SJTMusicTeam / Muskits

An opensource music processing toolkit
Apache License 2.0
312 stars 44 forks source link

RuntimeError: repeats must have the same size as input along dim #126

Closed r9y9 closed 2 years ago

r9y9 commented 2 years ago

I am trying to train models with duration prediction but got the following errors:

2022-09-09 23:54:22,490 (trainer:299) INFO: 1/500epoch started
/home/ryuichi/anaconda3/envs/py38_espnet/lib/python3.8/site-packages/torch/functional.py:606: UserWarning: stft will soon require the return_complex parameter be given for real inputs, and will further require that return_complex=True in a future PyTorch release. (Triggered internally at  /opt/conda/conda-bld/pytorch_1659484810403/work/aten/src/ATen/native/SpectralOps.cpp:800.)
  return _VF.stft(input, n_fft, hop_length, win_length, window,  # type: ignore[attr-defined]
/home/ryuichi/sp/Muskits/muskit/layers/stft.py:109: UserWarning: __floordiv__ is deprecated, and its behavior will change in a future version of pytorch.
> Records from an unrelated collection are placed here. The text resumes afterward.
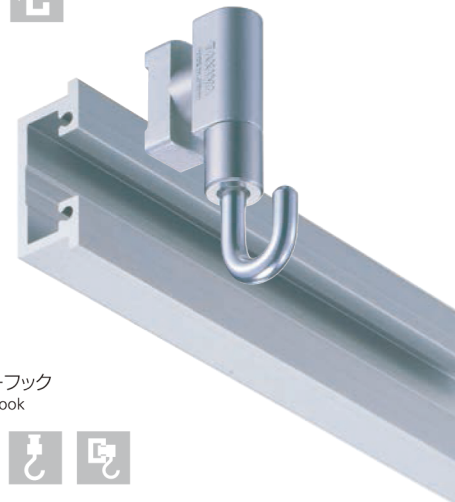

- レール材質：アルミ押出型材 A6063S-T5
- 仕上：アルマイトS6

This is a very suitable picture rail for art museums, museums, and public facilities that have large exhibitions, large panels or movable walls. With the 70kg recommended load design, it can be installed in the middle of the wall as well as at the top of the wall. By using a runner hook, the movement will be smoother and various displays will be possible.

- Rail material : Extruded aluminum A6063S-T5
- Finish : Almuite S6

- ランナーを円滑に操作するために、レール施工の際、レールのジョイントや取付ネジまた、ゴミ等に十分注意してください。

- When you're attaching the picture rail to the wall, make sure that raised screws or dust won't prevent the hook from sliding.

### システム構成 (推奨荷重70kg)

System configuration (Recommended load 70kg)

ピクチャーレール  
Picture rail

J-1

Jフリーフック  
J Free hook

セフティNハンガーセットA  
Safety N hanger set A

ワイヤ  
Wire  
ø2.5
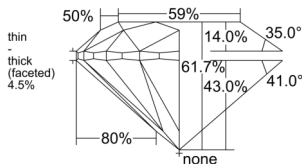

GIA®

FACSIMILE

GIA REPORT 7551283434

Verify this report at GIA.edu

GIA NATURAL DIAMOND DOSSIER®

May 19, 2026
GIA Report Number 7551283434
Shape and Cutting Style ..... Round Brilliant
Measurements ..... 4.69 - 4.71 x 2.90 mm

GRADING RESULTS

Carat Weight ..... 0.40 carat
Color Grade L
Clarity Grade VS1
Cut Grade ..... Very Good

ADDITIONAL GRADING INFORMATION

Polish ..... Excellent
Symmetry ..... Excellent
Fluorescence ..... Faint
Clarity Characteristics..... Cloud, Feather, Indented Natural
Inscription(s): GIA 7551283434

PROPORTIONS

Profile to actual proportions

GRADING SCALES

GIA COLOR SCALE	GIA CLARITY SCALE	GIA CUT SCALE	
D	FLAWLESS	EXCELLENT	
E	INTERNALLY FLAWLESS		
F		VVS₁	VERY GOOD
G	VVS₂		
H	VS₁	GOOD	
I	VS₂		
J	SI₁	FAIR	
K	SI₂		
L	I₁	POOR	
M			
N			
O	I₂		
P			
Q	I₃		
R			
S			
T			
U			
V			
W			
X			
Y			
Z
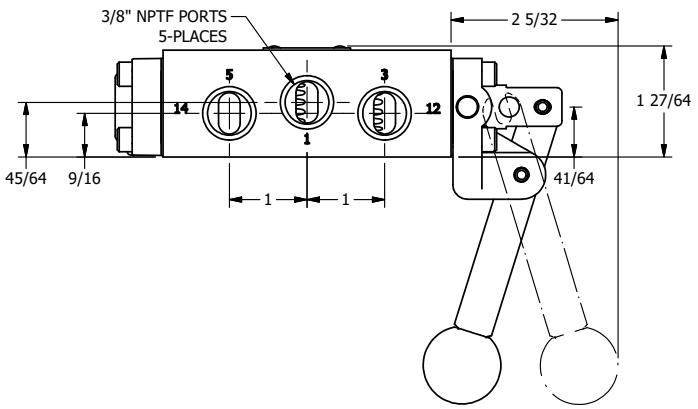

AAA
PRODUCTS
INTERNATIONAL

**AAA PRODUCTS
INTERNATIONAL**
7114 Harry Hines Blvd
Dallas, TX 75235

TITLE: 3/8" SIDE PORT, LEVER, 2 POS,
FRCTN POS, PILOT RTRN,
PINLOCK A & C, RED KNB, 180D LVR

DRAWING NO.:
DIM_HR3EJT
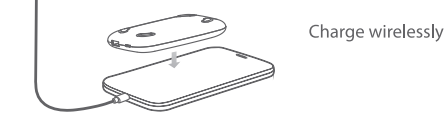

How to Use

1. Tap the power button twice to turn on and off.

2. Place your phone onto the portable charger to charge it wirelessly.

* You can not charge the battery while charging F704W

How to Charge

* Power adapter and wireless charging pad NOT included
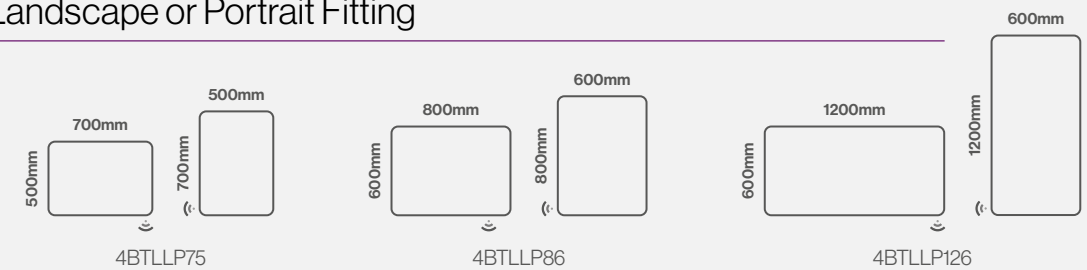

Landscape or Portrait Fitting

It currently rounds toward 0 (like the 'trunc' function NOT 'floor'). This results in incorrect rounding for negative values. To keep the current behavior, use torch.div(a, b, rounding_mode='trunc'), or for actual floor division, use torch.div(a, b, rounding_mode='floor').
  olens = (ilens - self.win_length) // self.hop_length + 1
/home/ryuichi/sp/Muskits/muskit/svs/feats_extract/score_feats_extract.py:115: UserWarning: __floordiv__ is deprecated, and its behavior will change in a future version of pytorch. It currently rounds toward 0 (like the 'trunc' function NOT 'floor'). This results in incorrect rounding for negative values. To keep the current behavior, use torch.div(a, b, rounding_mode='trunc'), or for actual floor division, use torch.div(a, b, rounding_mode='floor').
  olens = (input_lengths - self.win_length) // self.hop_length + 1
Traceback (most recent call last):
  File "/home/ryuichi/anaconda3/envs/py38_espnet/lib/python3.8/runpy.py", line 194, in _run_module_as_main
    return _run_code(code, main_globals, None,
  File "/home/ryuichi/anaconda3/envs/py38_espnet/lib/python3.8/runpy.py", line 87, in _run_code
    exec(code, run_globals)
  File "/home/ryuichi/sp/Muskits/muskit/bin/svs_train.py", line 21, in <module>
    main()
  File "/home/ryuichi/sp/Muskits/muskit/bin/svs_train.py", line 17, in main
    SVSTask.main(cmd=cmd)
  File "/home/ryuichi/sp/Muskits/muskit/tasks/abs_task.py", line 1054, in main
    cls.main_worker(args)
  File "/home/ryuichi/sp/Muskits/muskit/tasks/abs_task.py", line 1341, in main_worker
    cls.trainer.run(
  File "/home/ryuichi/sp/Muskits/muskit/train/trainer.py", line 305, in run
    all_steps_are_invalid = cls.train_one_epoch(
  File "/home/ryuichi/sp/Muskits/muskit/train/trainer.py", line 519, in train_one_epoch
    retval = model(**batch)
  File "/home/ryuichi/anaconda3/envs/py38_espnet/lib/python3.8/site-packages/torch/nn/modules/module.py", line 1130, in _call_impl
    return forward_call(*input, **kwargs)
  File "/home/ryuichi/sp/Muskits/muskit/svs/muskit_model.py", line 361, in forward
    return self.svs(**batch)
  File "/home/ryuichi/anaconda3/envs/py38_espnet/lib/python3.8/site-packages/torch/nn/modules/module.py", line 1130, in _call_impl
    return forward_call(*input, **kwargs)
  File "/home/ryuichi/sp/Muskits/muskit/svs/naive_rnn/naive_rnn_dp.py", line 380, in forward
    hs = self.length_regulator(hs, ds)  # (B, seq_len, eunits)
  File "/home/ryuichi/anaconda3/envs/py38_espnet/lib/python3.8/site-packages/torch/nn/modules/module.py", line 1130, in _call_impl
    return forward_call(*input, **kwargs)
  File "/home/ryuichi/sp/Muskits/muskit/layers/fastspeech/length_regulator.py", line 59, in forward
    repeat = [torch.repeat_interleave(x, d, dim=0) for x, d in zip(xs, ds)]
  File "/home/ryuichi/sp/Muskits/muskit/layers/fastspeech/length_regulator.py", line 59, in <listcomp>
    repeat = [torch.repeat_interleave(x, d, dim=0) for x, d in zip(xs, ds)]
RuntimeError: repeats must have the same size as input along dim

To reproduce, run the following command in ofuton_p's or ritsu's recipe:

CUDA_VISIBLE_DEVICES="0" ./run.sh  --stage 6 --stop-stage 6 --train_config conf/tuning/train_naive_rnn_dp.yaml

It seems like a bug. I didn't change any parameters, just used configs in this repository. Could you check it?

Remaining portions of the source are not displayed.